Official Rules

Organizing committee

Nianwen Xue (chair), Brandeis University
Hwee Tou Ng, National University of Singapore
Sameer Pradhan, Harvard University
Bonnie Webber, Edinburgh University
Attapol Rutherford, Brandeis University
Chuan Wang, Brandeis Unviersity

Training and Development Data

The training and development data for English are from the Penn Discourse TreeBank (PDTB) 2.0, a 1-million-word Wall Street Journal corpus. The training data are from Sections 2-21 and the development set is from Section 22.

New The Chinese data are from the Chinese Discourse Treebank (CDTB). plus some additional annotation in version 1.0, which has not been released through LDC. The Chinese data is much smaller than the English data. The training data are from Section 0001-0270 and Section 0400-0803, the development set is from Section 0301-0325.

More information on the PDTB and shallow discourse parsing, how to obtain the data and the data format on this website.

Evaluation Data

There are two English evaluation datasets

The blind test set. This will consist of 20,000 to 30,000 words of newswire text annotated following the PDTB annotation guidelines. This test set will not be given to you. Instead, you will be asked to deploy the system on the remote machine, and we will run the system on this blind test set for the final ranking of systems.
The PDTB test set. Section 23 of the PDTB as an additional test set. Results on this PDTB test set will NOT be used to rank the systems, but they can be used as a reference for comparison with previously reported results. Participants are asked NOT to use this additional test set to train or tune their systems, but they can use the development set to tune (but not train) their systems.

New There are two Chinese evaluation datasets

A small Chinese test set will be held out from the Section 0271-0300 of Chinese Discourse Treebank.
A blind (unseen) test set

System Submission

Participants must deploy their systems to a remote virtual machine for automatic evaluation instead of submitting system output for the test set. You are free to install any toolbox or software on the virtual machine to make your system work. The participants will develop their systems as usual and produce their output in JSON format. More details will be provided to all registered participants.

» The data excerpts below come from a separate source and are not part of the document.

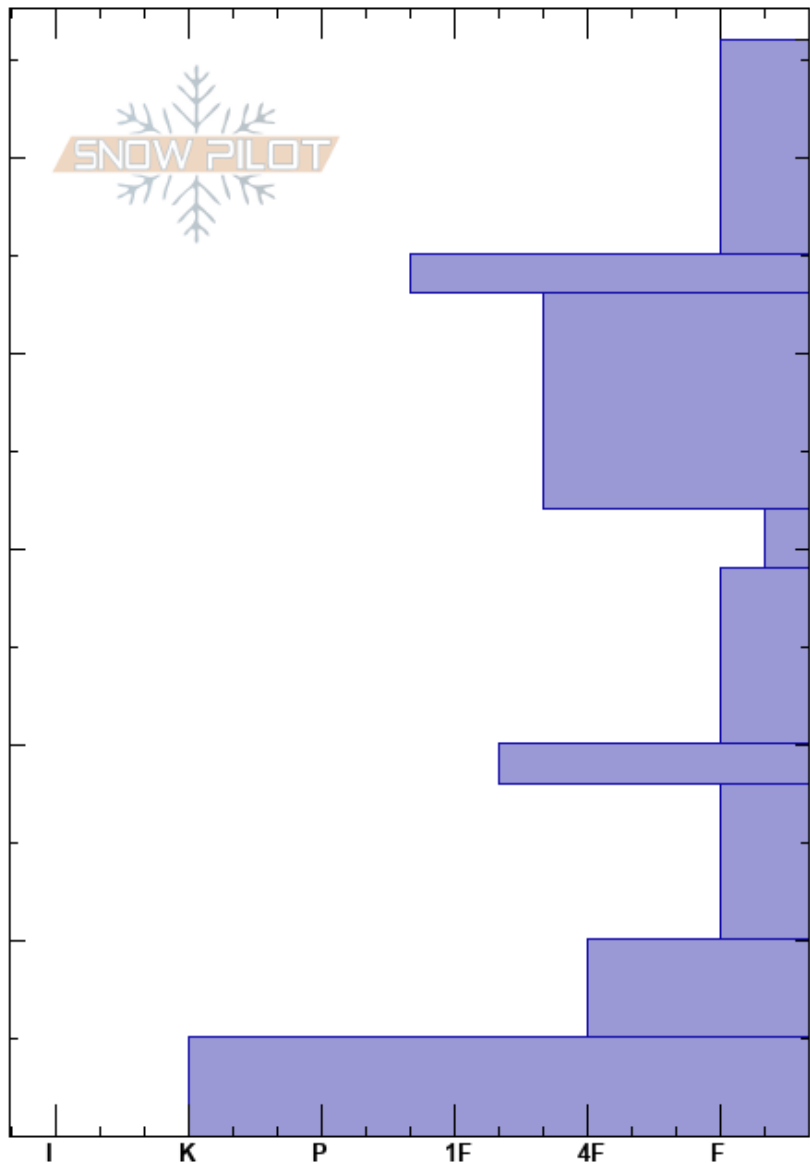

PF:50

32-29cm: Problematic layer

MT

Co-ord: 45.88455N, -110.94951W

Sky Cover: OVC

PS:20

Elevation: 8000 ft

Slope Angle: 30°

Precipitation: S-1

Aspect: 95°

Wind Loading: no

Wind: S Light Breeze

Specifics: Recent avalanche activity on different slopes; We skied slope

Crystal Form	Crystal Size	Moisture	$\rho$ kg/m <sup>3</sup>	Stability tests & Layer comments
+				
•				
/				
□	2			← ECTN13 @32cm ← PST27/100 (End) @32cm
□	2			
⊙				← ECTN17 @18cm
^	2-4			
^				
⊙				
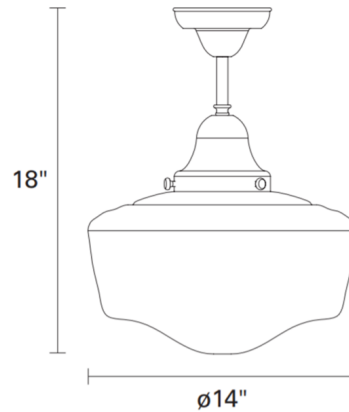

By DVI Lighting

Description

The Schoolhouse Ceiling Light classic piece, perfect in virtually any interior space. Features Opal glass with a Satin Nickel, Ebony, or Vibrant Brass finish.

Shown in satin nickel / opal

Specifications

COLOR	Opal
BODY FINISH	Satin Nickel
WATTAGE	150W
DIMMER	Standard 120V
DIMENSIONS	14"W x 18"H
BULB NOT INCLUDED	1 x A19/Medium (E26)/150W/120V Incandescent
OTHER BULB OPTIONS	1 x A19/Medium (E26)/120V LED
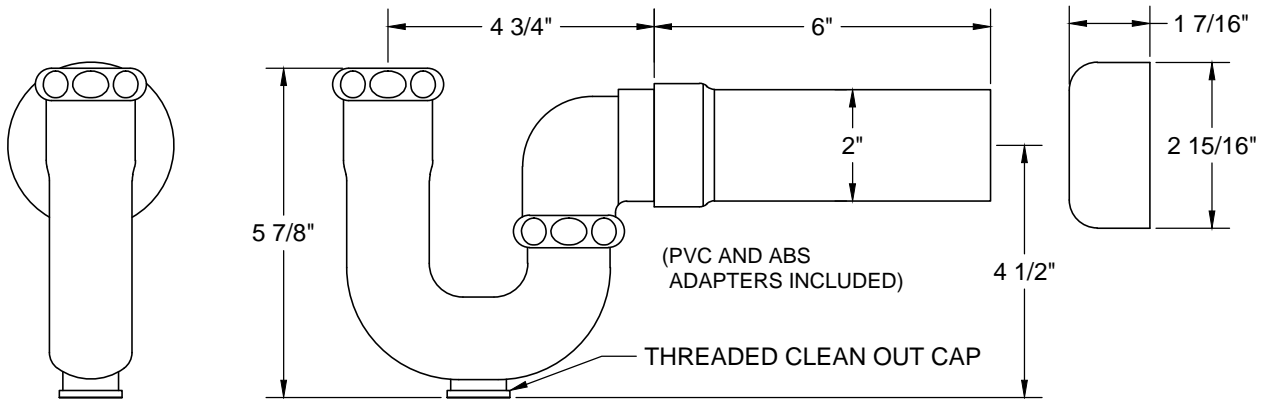

MT304X

WARRANTY

ONE YEAR WARRANTY ON PLATED FINISHES, 90 DAY WARRANTY ON ORB, EB, MHB, TB AND WCP AND LIFETIME ON PVD PROVIDED PROPER CARE HAS BEEN USED. ONE YEAR WARRANTY ON ALL PARTS. APPLIES TO ORIGINAL PURCHASER. CLAIMS REQUIRE PROOF OF PURCHASE.

FINISH CARE & MAINTENANCE

NEVER USE ANY HARSH ALKALI, ACID BASED DETERGENTS OR CLEANERS SUCH AS SOFT SCRUB®, SCRUBBING BUBBLES® OR COMET® TO CLEAN. DO NOT USE BRILLO® AND SCOTCH BRITE® PADS. THESE WILL ALL HARM THE FINISH. TO CLEAN, USE ONLY A DAMP SOFT CLOTH AND WIPE USING A SOFT CLOTH. STANDARD WINDEX CAN ALSO BE USED SPARINGLY. TO MAINTAIN THE FINISH, WIPE WITH A SOFT DRY CLOTH. AN OCCASIONAL COAT OF PURE CARNUBA WAX WITHOUT CLEANERS WILL HELP PROTECT THE FINISH.

Participants can submit the system for any combination of open vs closed tracks, English vs Chinese, and main vs supplementary tasks. Participants can also tune the system for a specific combination of evaluation.

Open and Closed Tracks

There are two evaluation tracks. In the closed track, a participating system can only be trained on the provided training set and linguistic resources in its corresponding language. To reduce the data preparation burden on participants, we provide in the data package the training, development and test data with the following layers of automatic linguistic annotation (included in the data release):

Phrase structure parses (predicted by the Berkeley Parser)
Dependency parses (converted from the Berkeley Parser output, using the basic Stanford dependency converter)

Closed track participants are also allowed to use the following publicly available linguistic resources that have been found to be useful in shallow discourse parsing literature.

Brown Clusters
VerbNet
Sentiment lexicon
Word embeddings (produced using Word2Vec)

The versions that are allowed to be used can be downloaded here To ensure meaningful comparisons among participating systems, we ask closed track participants to use only the version of linguistic resources that we provide. Participants can, however, re-process the training set themselves. If they use a third party tool, we require that they use one that is publicly available so that results can be replicated by other researchers who are interesting in working on this problem after the shared task is over.

In the open track, a participating system may use any publicly available NLP tools to process the data AND any publicly available (i.e., non-proprietary) data for training. A participating team can choose to participate in the closed track or the open track or both.

Main Evaluation Metrics

The evaluation metric for the main task will be based on the F measure, the harmonic mean of precision and recall. The scorer can be downloaded from the shared task github repo. The evaluation will be done on a per-discourse relation basis. A relation is correctly predicted if and only if

the discourse connective is correctly detected (for explicit discourse relations)
the sense of a discourse relation is correctly predicted, and
the text spans of the two arguments as well as their labels (Arg1 and Arg2) are correctly predicted.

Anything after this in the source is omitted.